[Extracted records]
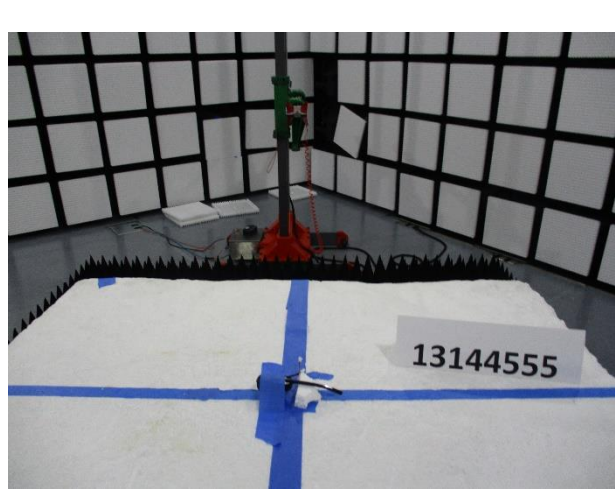

11. SETUP PHOTOS

ANTENNA PORT AND AC LINE CONDUCTED SETUP

RADIATED RF MEASUREMENT SETUP

BELOW 30MHz (FRONT)

BELOW 30MHz (BACK)

BELOW 1GHz (FRONT)

BELOW 1GHz (BACK)

ABOVE 1GHz (FRONT)
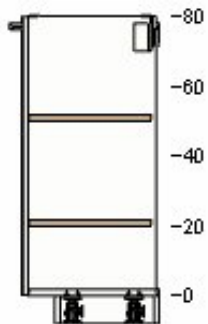

14

50205631 METOD
base
cabinet
frame
white
60x37x80
cm

£17

1

£17

70205102 RINGHULT
door
high-gloss
white
60x80 cm

£43

1

£43

10205614 UTRUSTA
shelf
white
60x37 cm

£4

1

£4

60204645 UTRUSTA
hinge
125 °

£4

1

£4
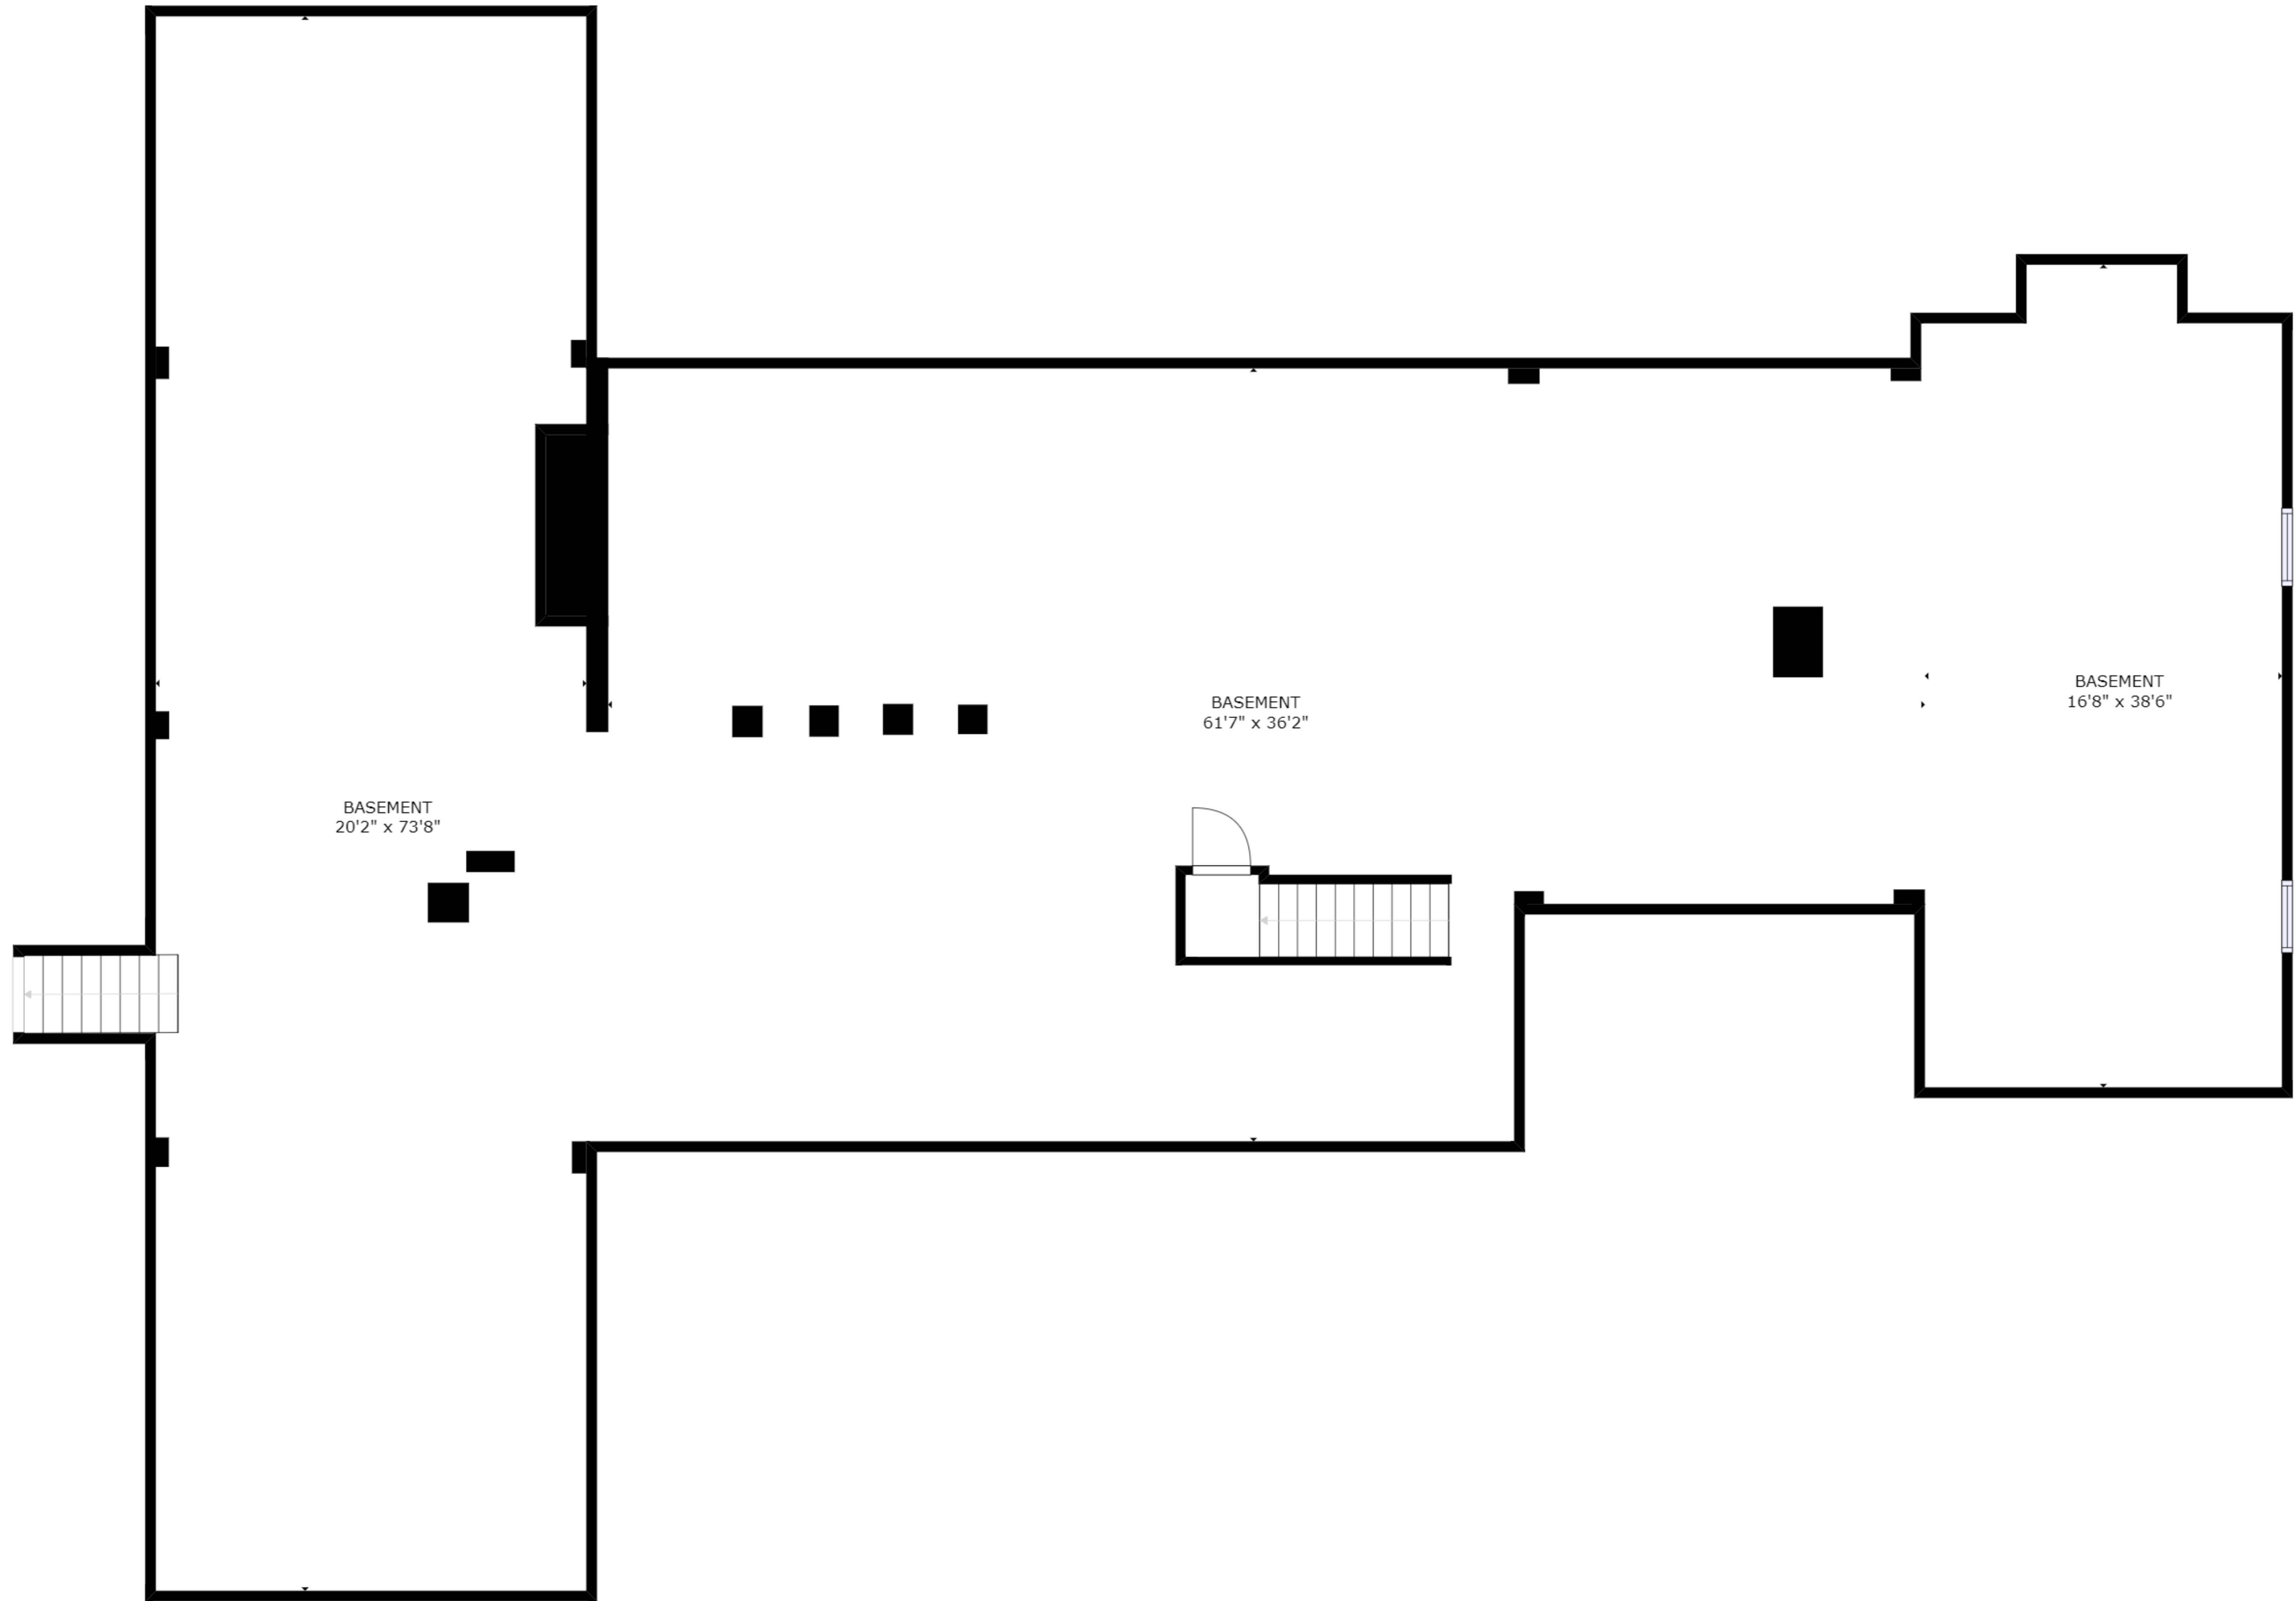

88 WELDERS LANE
 WARWICK, MARYLAND 21912

FLOOR 1

SIZES AND DIMENSIONS ARE APPROXIMATE, ACTUAL MAY VARY.

88 WELDERS LANE
WARWICK, MARYLAND 21912

FLOOR 2

SIZES AND DIMENSIONS ARE APPROXIMATE, ACTUAL MAY VARY.

88 WELDERS LANE
WARWICK, MARYLAND 21912

BASEMENT

SIZES AND DIMENSIONS ARE APPROXIMATE, ACTUAL MAY VARY.
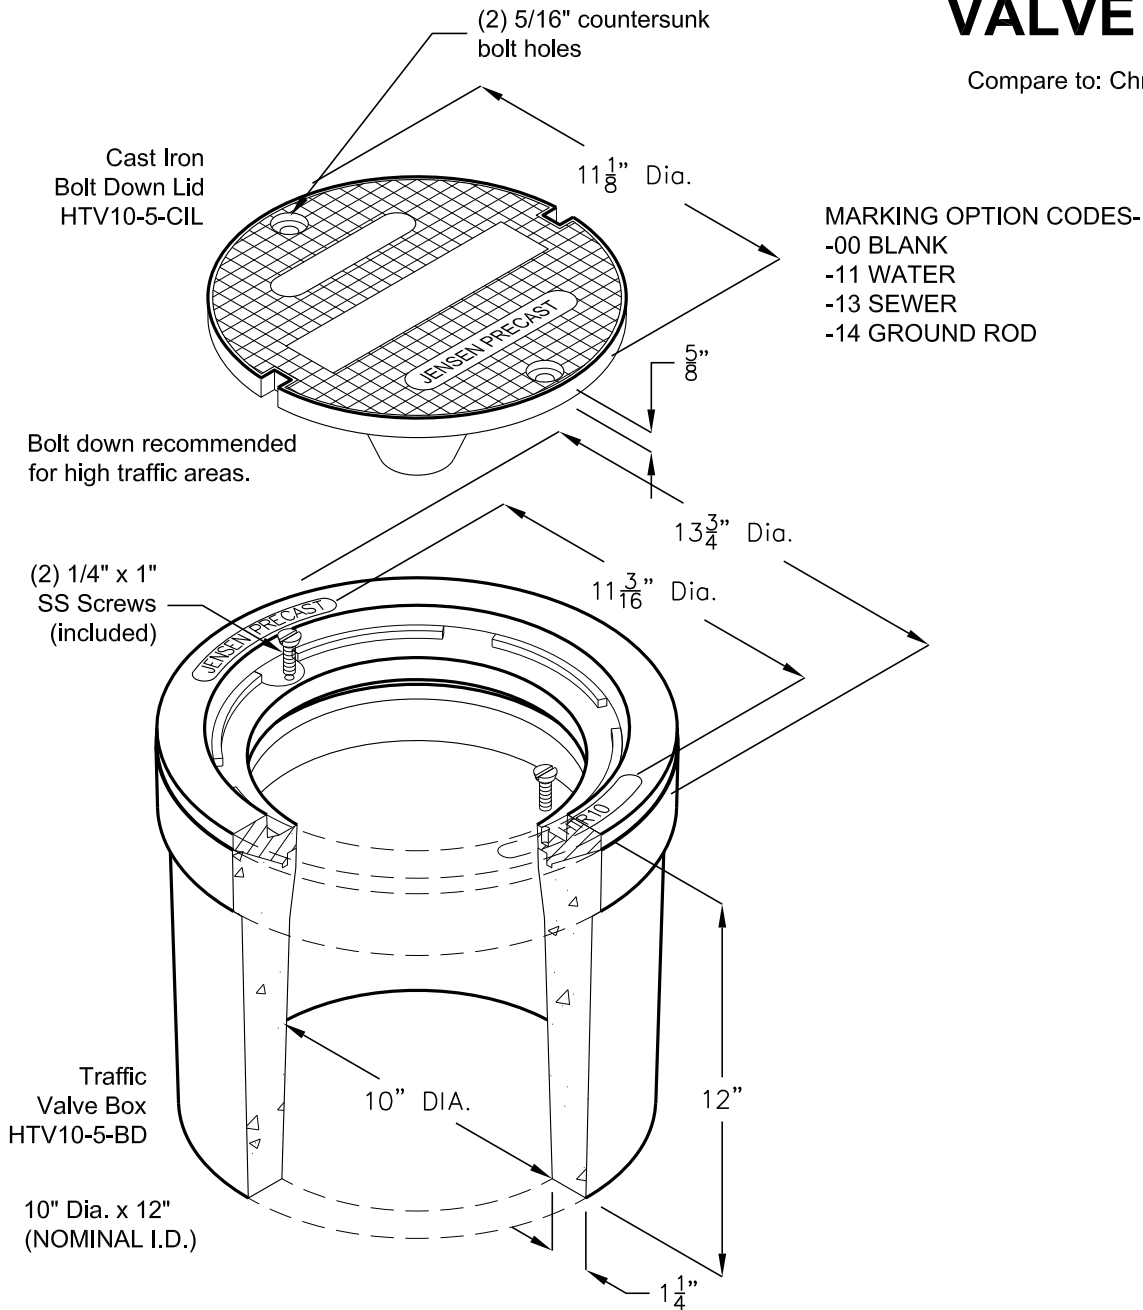

HTV10-5 TRAFFIC VALVE BOX

Compare to: Christy®G05T

MODEL NO.	PRODUCT	DESCRIPTION	APPROX. WEIGHT	QTY PER PALLET
HTV10-5-CIL-1	LID	10"x12" Traffic Valve Box Cover - Import	14	N/A
HTV10-5-BD-1	VALVE BOX	10"x12" Traffic Valve Box - Import	63	36
HTV10-5-CIL-USA	LID	10"x12" Traffic Valve Box Cover - USA	14	N/A
HTV10-5-BD-USA	VALVE BOX	10"x12" Traffic Valve Box - USA	14	36
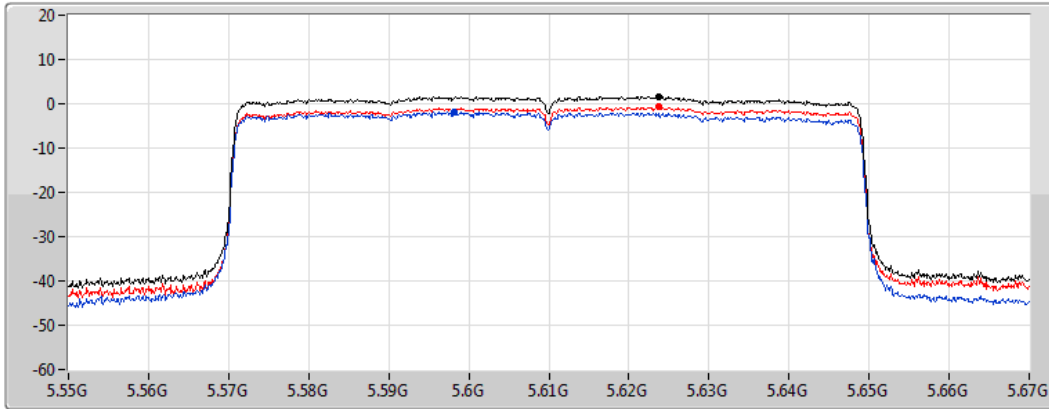

802.11ax HEW80_Nss1,(MCS0)_2TX

PSD

5610MHz

04/01/2021

CF
5.61GHz

Span
120MHz

RBW
1MHz

VBW
3MHz

Sweep Time
20ms

Detector Type
RMS

Sum

Port 1

Port 2

Sum	PD	Port 1	Port 2
(dBm/RBW)	(dBm/RBW)	(dBm/RBW)	(dBm/RBW)
1.57	1.57	-1.98	-0.76

802.11ax HEW80_Nss1,(MCS0)_2TX

PSD

5690MHz Straddle 5.47-5.725GHz

04/01/2021

CF
5.65GHz

Span
300MHz

RBW
1MHz

VBW
3MHz

Sweep Time
20ms

Detector Type
RMS

# [Instructions to follow]
Copy out each record word for word and omit any pictures.

# [Output of the exercise]
11. SETUP PHOTOS

ANTENNA PORT AND AC LINE CONDUCTED SETUP

RADIATED RF MEASUREMENT SETUP

BELOW 30MHz (FRONT)

BELOW 30MHz (BACK)

BELOW 1GHz (FRONT)

BELOW 1GHz (BACK)

ABOVE 1GHz (FRONT)

14

50205631 METOD
base
cabinet
frame
white
60x37x80
cm

£17

1

£17

70205102 RINGHULT
door
high-gloss
white
60x80 cm

£43

1

£43

10205614 UTRUSTA
shelf
white
60x37 cm

£4

1

£4

60204645 UTRUSTA
hinge
125 °

£4

1

£4

88 WELDERS LANE
 WARWICK, MARYLAND 21912

FLOOR 1

SIZES AND DIMENSIONS ARE APPROXIMATE, ACTUAL MAY VARY.

88 WELDERS LANE
WARWICK, MARYLAND 21912

FLOOR 2

SIZES AND DIMENSIONS ARE APPROXIMATE, ACTUAL MAY VARY.

88 WELDERS LANE
WARWICK, MARYLAND 21912

BASEMENT

SIZES AND DIMENSIONS ARE APPROXIMATE, ACTUAL MAY VARY.

HTV10-5 TRAFFIC VALVE BOX

Compare to: Christy®G05T

MODEL NO.	PRODUCT	DESCRIPTION	APPROX. WEIGHT	QTY PER PALLET
HTV10-5-CIL-1	LID	10"x12" Traffic Valve Box Cover - Import	14	N/A
HTV10-5-BD-1	VALVE BOX	10"x12" Traffic Valve Box - Import	63	36
HTV10-5-CIL-USA	LID	10"x12" Traffic Valve Box Cover - USA	14	N/A
HTV10-5-BD-USA	VALVE BOX	10"x12" Traffic Valve Box - USA	14	36

802.11ax HEW80_Nss1,(MCS0)_2TX

PSD

5610MHz

04/01/2021

CF
5.61GHz

Span
120MHz

RBW
1MHz

VBW
3MHz

Sweep Time
20ms

Detector Type
RMS

Sum

Port 1

Port 2

Sum	PD	Port 1	Port 2
(dBm/RBW)	(dBm/RBW)	(dBm/RBW)	(dBm/RBW)
1.57	1.57	-1.98	-0.76

802.11ax HEW80_Nss1,(MCS0)_2TX

PSD

5690MHz Straddle 5.47-5.725GHz

04/01/2021

CF
5.65GHz

Span
300MHz

RBW
1MHz

VBW
3MHz

Sweep Time
20ms

Detector Type
RMS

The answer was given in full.